_Aim of the exercise_
Please return exactly the lines from the top of the data through the line that contains "Helykínálat 0,75 literes", and skip all pictures.

Records excerpted from a collection
⁂
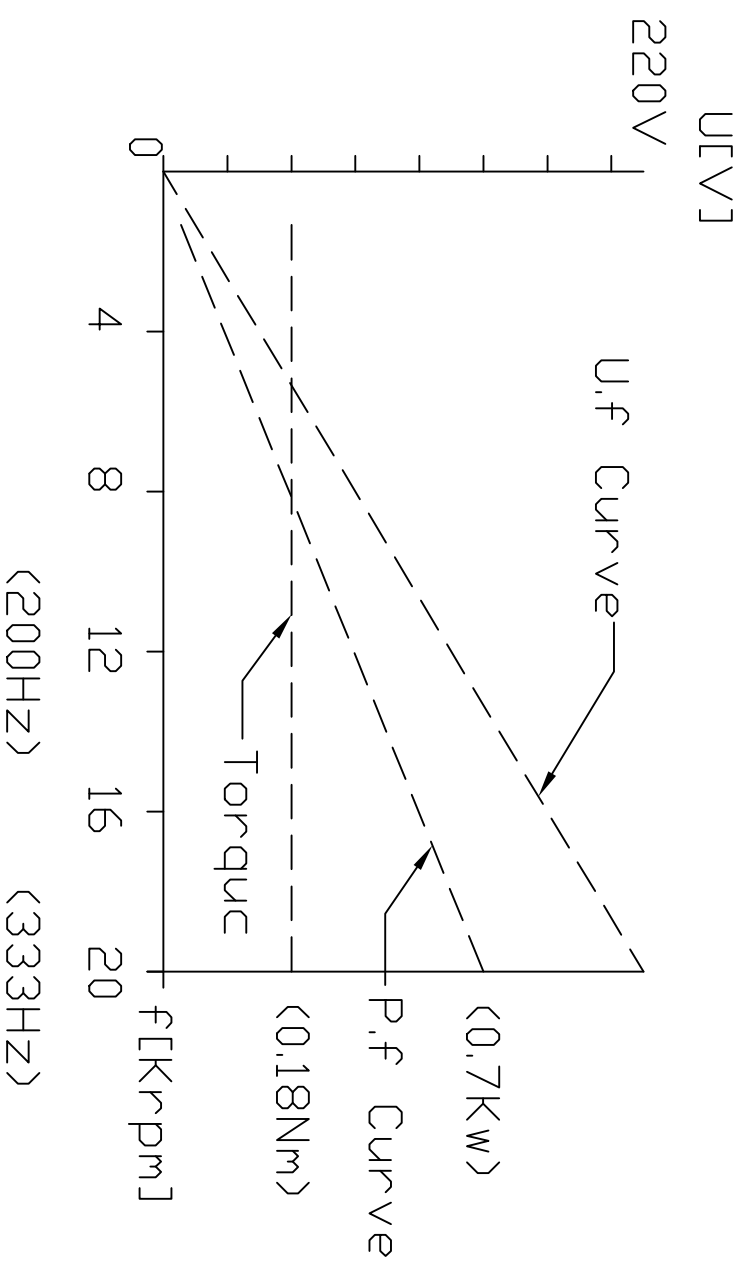

GDZ-22
220V 4.0A 2P

TA:20°C Serv:SI Water cooling
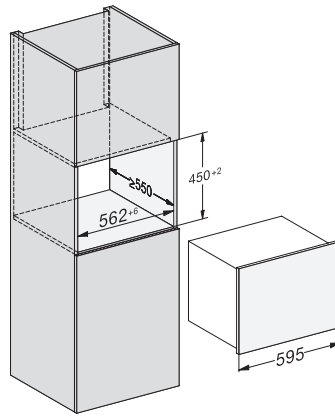

KWT 7112 iG

Beépíthető bortemperáló hűtő

FlexiFrame Plus és Push2open rendszerekkel a legigényesebb borkedvelőknek.

EAN: 4002516150701 / Anyagszám: 11186560 / Régi anyagszám: 36711200EU1

Helykínálat 0,75 literes bordeaux-i palackoknak	18 palack
Tárolási idő üzemzavar esetén (óra)	0
Levegőben terjedő akusztikus zajkibocsátási osztály (A–D)	B
Levegőben terjedő akusztikus zajkibocsátás, dB(A), re1pW	32
Áramfelvétel milliampereben (mA)	500
Feszültség (V)	220-240
Biztosíték (A)	10
Fázisok száma	1
Frekvencia (Hz)	50
Elektromos kábel hossza (m)	2,2
<b>Mellékelt tartozékok</b>	
Active AirClean szűrő	•

## KWT 7112 iG

Beépíthető bortemperáló hűtő

FlexiFrame Plus és Push2open rendszerekkel a legigényesebb borkedvelőknek.

KWT7112 iG, \*Footnote (Sketch)

KWT7112 iG (Sketch)

KWT7112 iG, \*Footnote (Sketch)

KWT7112iG, KWT6112iG, Interior dimensions (Installation drawings)
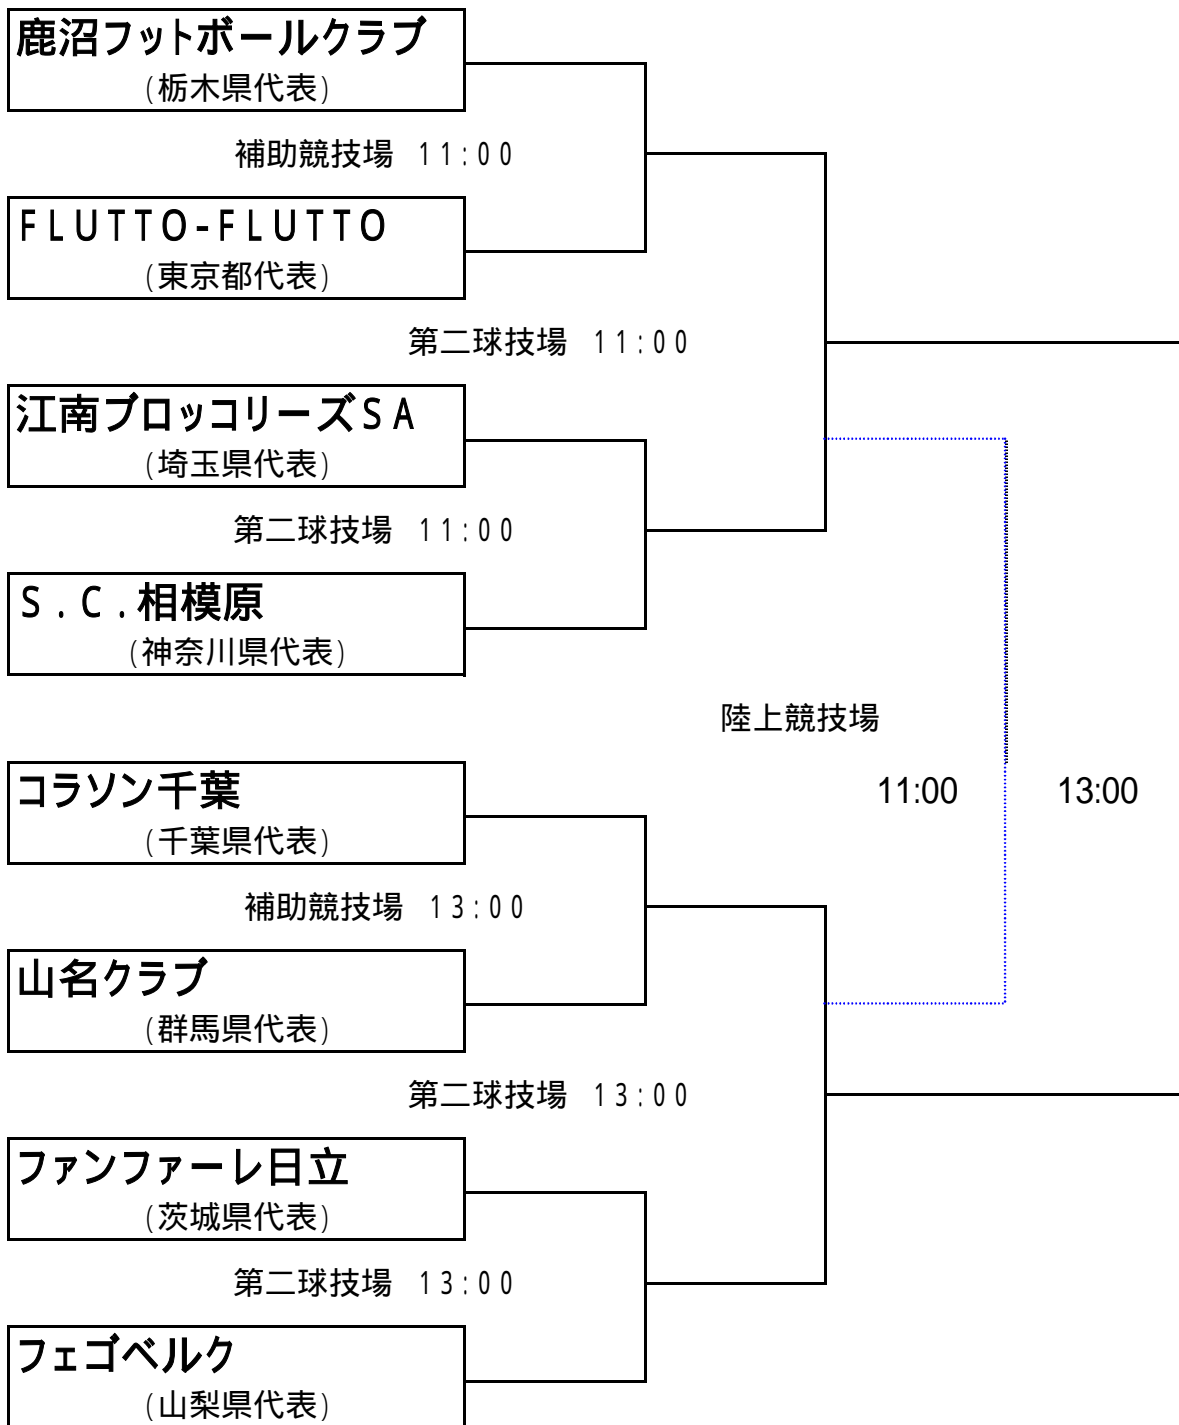

# 第16回全国クラブチームサッカー選手権大会関東大会組合せ表

(2009年度)

9月19日

9月20日

9月22日

- ・優勝
- ・準優勝
- ・3位

- ・9月19日(土) 駒沢補助競技場
- 駒沢第二球技場
- ・9月20日(日) 駒沢第二球技場
- ・9月22日(火) 駒沢陸上競技場
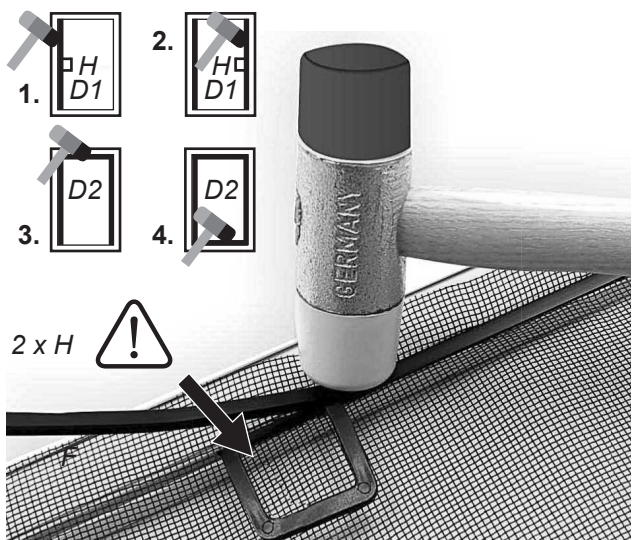

7.

8.

9.

10.

11.

Alfred Schellenberg GmbH
An den Weiden 31
D-57078 Siegen
service.int@schellenberg.de
www.schellenberg.de
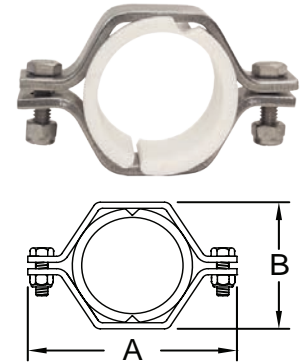

## Tube Hangers

### Hex Tube Hanger with ABS Sleeve - B24PS

**Feature:**

- maximum temperatures: **230°F**

Tube OD	Dimensions		304 Stainless Steel	
	A	B	Part #	Price/E
½"	2.800"	1.150"	<b>B24PS-G50</b>	<b>\$9.25</b>
¾"	2.800"	1.150"	<b>B24PS-G75</b>	<b>9.25</b>
1"	3.425"	1.450"	<b>B24PS-G100</b>	<b>12.40</b>
1½"	4.000"	2.125"	<b>B24PS-G150</b>	<b>13.60</b>
2"	4.500"	2.500"	<b>B24PS-G200</b>	<b>16.25</b>
2½"	4.950"	3.125"	<b>B24PS-G250</b>	<b>18.95</b>
3"	5.500"	3.750"	<b>B24PS-G300</b>	<b>21.30</b>
4"	6.950"	4.750"	<b>B24PS-G400</b>	<b>28.05</b>
5"	8.063"	5.625"	<b>B24PS-G500</b>	<b>79.90</b>
6"	9.250"	6.625"	<b>B24PS-G600</b>	<b>69.85</b>
8"	11.500"	8.625"	<b>B24PS-G800</b>	<b>112.25</b>

### Sleeves - 13PS

**Features:**

- maximum temperature: **230°F**
- high temperature sleeves are also available, contact Dixon™

Size	ABS		Size	ABS	
	Part #	Price/E		Part #	Price/E
½"	<b>13PS-50</b>	<b>\$7.05</b>	3"	<b>13PS-300</b>	<b>\$8.50</b>
¾"	<b>13PS-75</b>	<b>7.05</b>	4"	<b>13PS-400</b>	<b>10.75</b>
1"	<b>13PS-100</b>	<b>5.65</b>	5"	<b>13PS-500</b>	<b>64.40</b>
1½"	<b>13PS-150</b>	<b>5.65</b>	6"	<b>13PS-600</b>	<b>17.20</b>
2"	<b>13PS-200</b>	<b>5.65</b>	8"	<b>13PS-800</b>	<b>33.55</b>
2½"	<b>13PS-250</b>	<b>8.20</b>			

### Hex Tube Hanger with Nitrile Grommets - B24RG

**Features:**

- replacement grommets are available, contact Dixon™
- nitrile grommets; maximum temperature: **230°F**

Tube OD	Dimensions		304 Stainless Steel	
	A	B	Part #	Price/E
½" - ¾"	3.425"	1.450"	<b>B24RG-G75</b>	<b>\$11.35</b>
1"	3.425"	1.450"	<b>B24RG-G100</b>	<b>11.30</b>
1½"	4.000"	2.125"	<b>B24RG-G150</b>	<b>12.15</b>
2"	4.500"	2.500"	<b>B24RG-G200</b>	<b>14.60</b>
2½"	4.950"	3.125"	<b>B24RG-G250</b>	<b>16.65</b>
3"	5.500"	3.750"	<b>B24RG-G300</b>	<b>18.80</b>
4"	6.950"	4.750"	<b>B24RG-G400</b>	<b>24.45</b>
5"	8.000"	5.625"	<b>B24RG-G500</b>	<b>43.75</b>
6"	9.250"	6.625"	<b>B24RG-G600</b>	<b>40.60</b>
8"	11.500"	8.625"	<b>B24RG-G800</b>	<b>95.90</b>
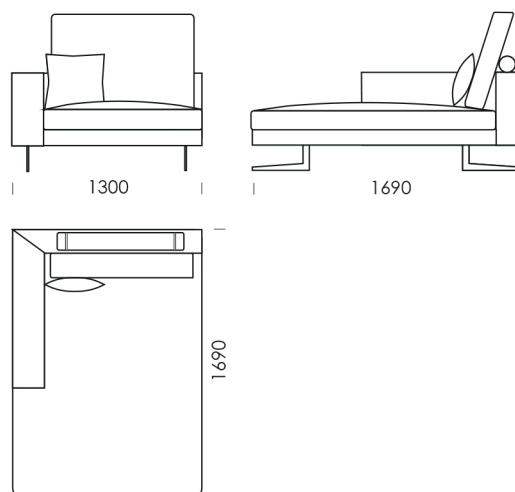

cena: 6 951 zł

Siedzisko 1

cena: 5 355 zł

Siedzisko 2

cena: 5 561 zł

Wymiary techniczne (mm):

Wysokość całkowita z poduszką: 950
Wysokość struktury pleców z podłokietnikiem: 620
Wysokość siedziska: 380
Głębokość całkowita: 990
Głębokość siedziska: 860 | 600
Szerokość podłokietnika: 200
Wysokość nóg: 160
Średnica wałka: 140

Wszystkie oferowane produkty można zamówić również w formie odbicia lustrzanego.

Narożnik **NOLA**

Siedzisko 3

cena: 5 664 zł

Siedzisko 4

cena: 5 921 zł

Szezlony 1

cena: 5 149 zł

Szezlony 2

cena: 5 303 zł

Szezlony 3

cena: 5 509 zł

Wymiary techniczne (mm):

Wysokość całkowita z poduszką: 950
Wysokość struktury pleców z podłokietnikiem: 620
Wysokość siedziska: 380
Głębokość całkowita: 990
Głębokość siedziska: 860 | 600
Szerokość podłokietnika: 200
Wysokość nóg: 160
Średnica wałki: 140

Wymiary techniczne (mm):

Wysokość całkowita z poduszką: 950
Wysokość struktury pleców z podłokietnikiem: 620
Wysokość siedziska: 380
Głębokość całkowita: 990
Głębokość siedziska: 860 | 600
Szerokość podłokietnika: 200
Wysokość nóg: 160
Średnica wałka: 140
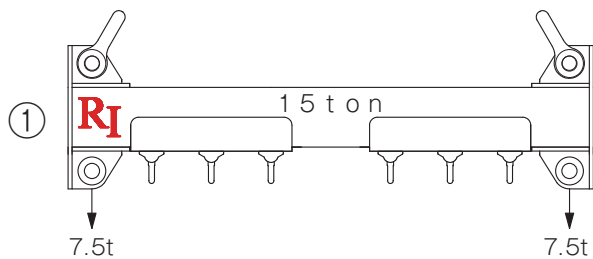

寸法図

付属品 ■ 上部付属シャックル KS-1150-12t

シャックル色：緑
※滅失にご注意ください。

参考 ■ 下部使用可能シャックル

○ JISシャックル

GPSB-12t GPBB-12t TSL-8t

軽量シャックルRS-10t 軽量シャックルRB-10t

使用例

注意

- 15ton天秤は、上記の5種類の使用方法以外使用しないでください。
- 上部シャックルは付属しております。滅失にご注意ください。
- ワイヤの吊り角度は、60°以内で使用してください。
※ワイヤ、下部シャックルは販売となります。
⁂
_Answer for the task_
GDZ-22
220V 4.0A 2P

TA:20°C Serv:SI Water cooling

KWT 7112 iG

Beépíthető bortemperáló hűtő

FlexiFrame Plus és Push2open rendszerekkel a legigényesebb borkedvelőknek.

EAN: 4002516150701 / Anyagszám: 11186560 / Régi anyagszám: 36711200EU1

Helykínálat 0,75 literes bordeaux-i palackoknak	18 palack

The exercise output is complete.